### TASK GOAL
Using the data below, count the lines that carry the string "Eficácia" and write only the count.

### RAW DATA
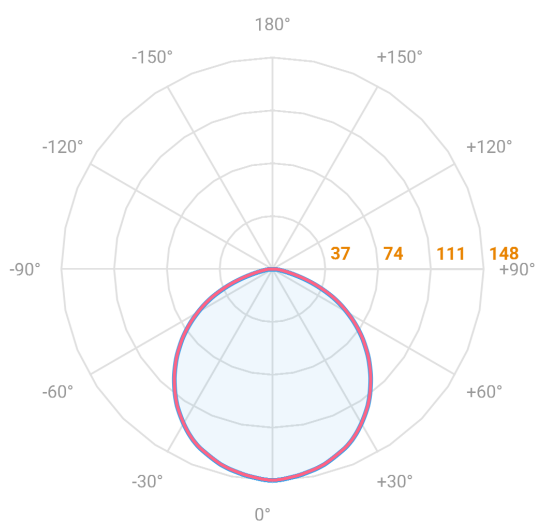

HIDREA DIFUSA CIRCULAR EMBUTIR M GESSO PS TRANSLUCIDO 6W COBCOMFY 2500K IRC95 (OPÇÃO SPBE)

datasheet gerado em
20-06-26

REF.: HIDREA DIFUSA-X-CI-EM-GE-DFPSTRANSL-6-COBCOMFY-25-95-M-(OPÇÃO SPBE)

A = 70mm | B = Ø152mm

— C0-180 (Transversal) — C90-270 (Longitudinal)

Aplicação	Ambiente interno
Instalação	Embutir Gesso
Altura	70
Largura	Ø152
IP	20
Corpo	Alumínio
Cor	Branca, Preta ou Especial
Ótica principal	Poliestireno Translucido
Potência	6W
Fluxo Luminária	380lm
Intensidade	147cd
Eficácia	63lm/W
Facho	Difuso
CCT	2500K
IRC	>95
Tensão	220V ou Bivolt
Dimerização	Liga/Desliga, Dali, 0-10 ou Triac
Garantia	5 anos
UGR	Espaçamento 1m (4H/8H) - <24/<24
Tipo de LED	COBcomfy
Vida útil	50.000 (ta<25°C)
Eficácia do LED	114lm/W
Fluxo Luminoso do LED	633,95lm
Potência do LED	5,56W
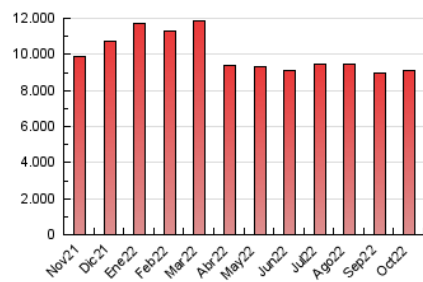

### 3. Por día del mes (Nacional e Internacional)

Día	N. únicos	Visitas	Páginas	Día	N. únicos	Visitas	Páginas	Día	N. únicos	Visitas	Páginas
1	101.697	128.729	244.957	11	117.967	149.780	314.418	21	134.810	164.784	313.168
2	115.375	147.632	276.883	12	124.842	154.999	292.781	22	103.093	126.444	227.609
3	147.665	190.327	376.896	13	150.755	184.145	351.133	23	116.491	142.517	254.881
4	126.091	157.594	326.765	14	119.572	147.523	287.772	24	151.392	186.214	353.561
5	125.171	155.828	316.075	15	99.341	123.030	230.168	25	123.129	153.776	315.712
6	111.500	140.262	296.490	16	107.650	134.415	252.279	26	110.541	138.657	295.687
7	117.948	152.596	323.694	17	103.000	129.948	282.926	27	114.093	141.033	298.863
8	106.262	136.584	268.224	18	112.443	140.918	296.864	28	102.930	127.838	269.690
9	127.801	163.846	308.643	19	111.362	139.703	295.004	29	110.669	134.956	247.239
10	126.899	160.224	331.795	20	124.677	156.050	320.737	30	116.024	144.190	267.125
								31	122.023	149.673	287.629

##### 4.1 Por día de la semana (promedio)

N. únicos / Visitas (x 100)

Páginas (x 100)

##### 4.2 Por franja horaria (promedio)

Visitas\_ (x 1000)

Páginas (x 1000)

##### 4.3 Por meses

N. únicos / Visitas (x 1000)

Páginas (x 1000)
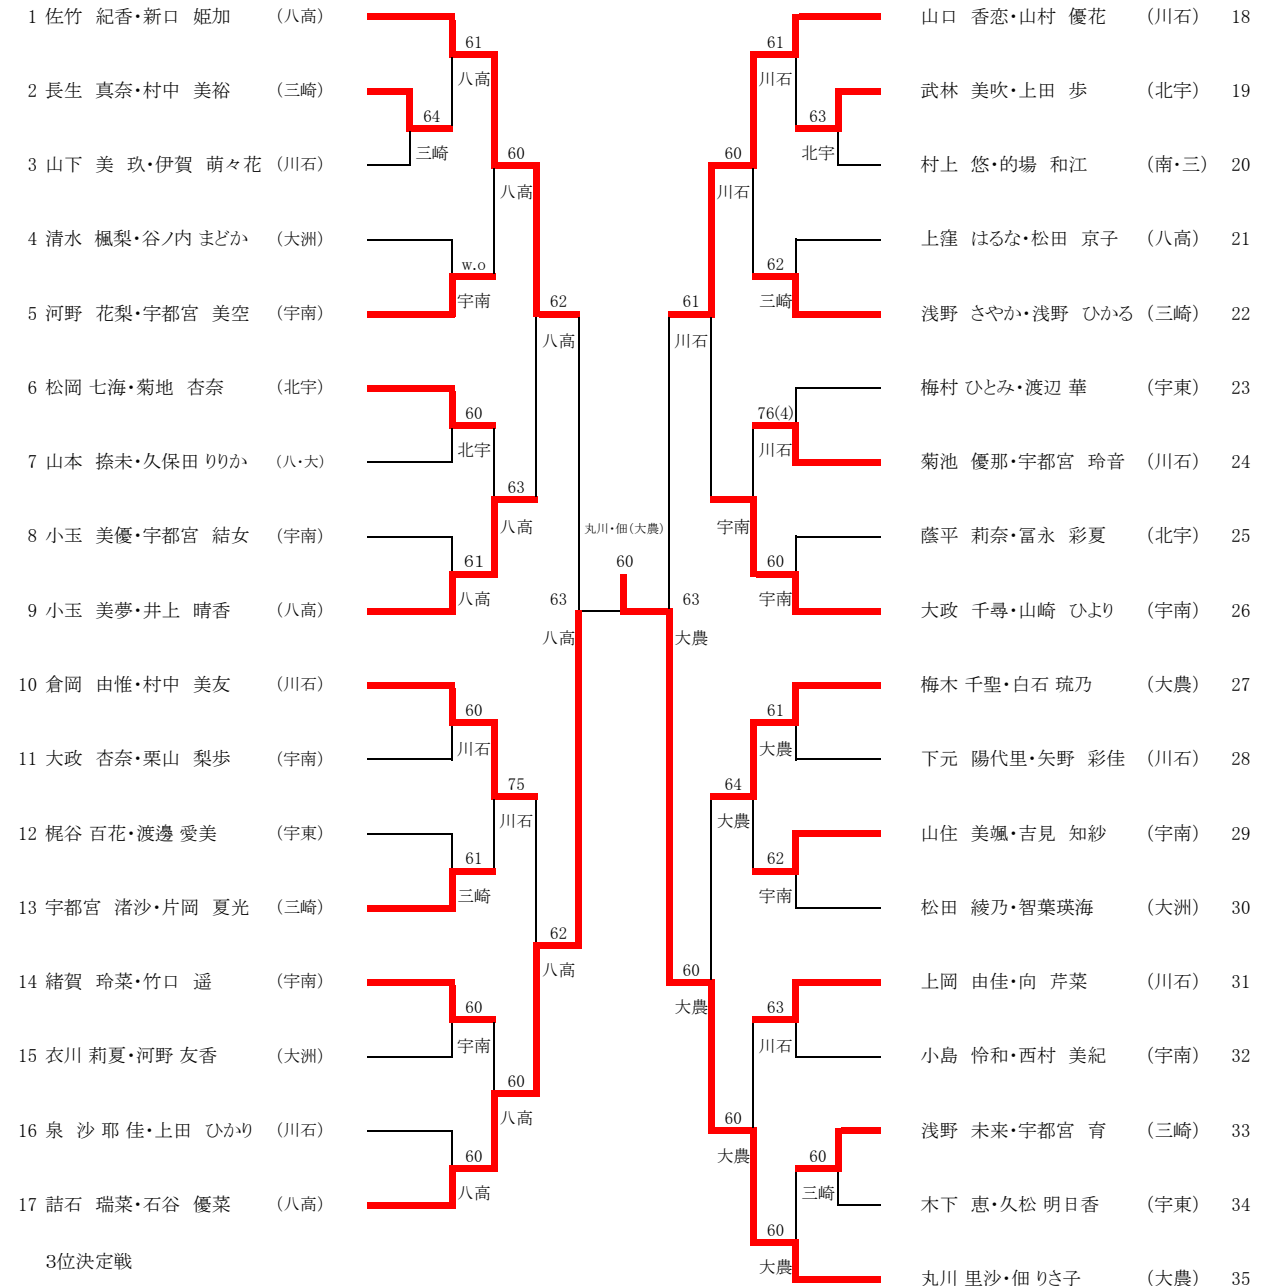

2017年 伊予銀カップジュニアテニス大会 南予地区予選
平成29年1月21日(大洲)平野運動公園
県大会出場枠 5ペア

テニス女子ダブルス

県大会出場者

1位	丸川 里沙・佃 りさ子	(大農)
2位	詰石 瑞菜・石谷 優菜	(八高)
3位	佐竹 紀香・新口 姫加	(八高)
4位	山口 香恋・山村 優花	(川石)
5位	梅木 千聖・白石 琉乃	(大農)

### EXERCISE SOLUTION
2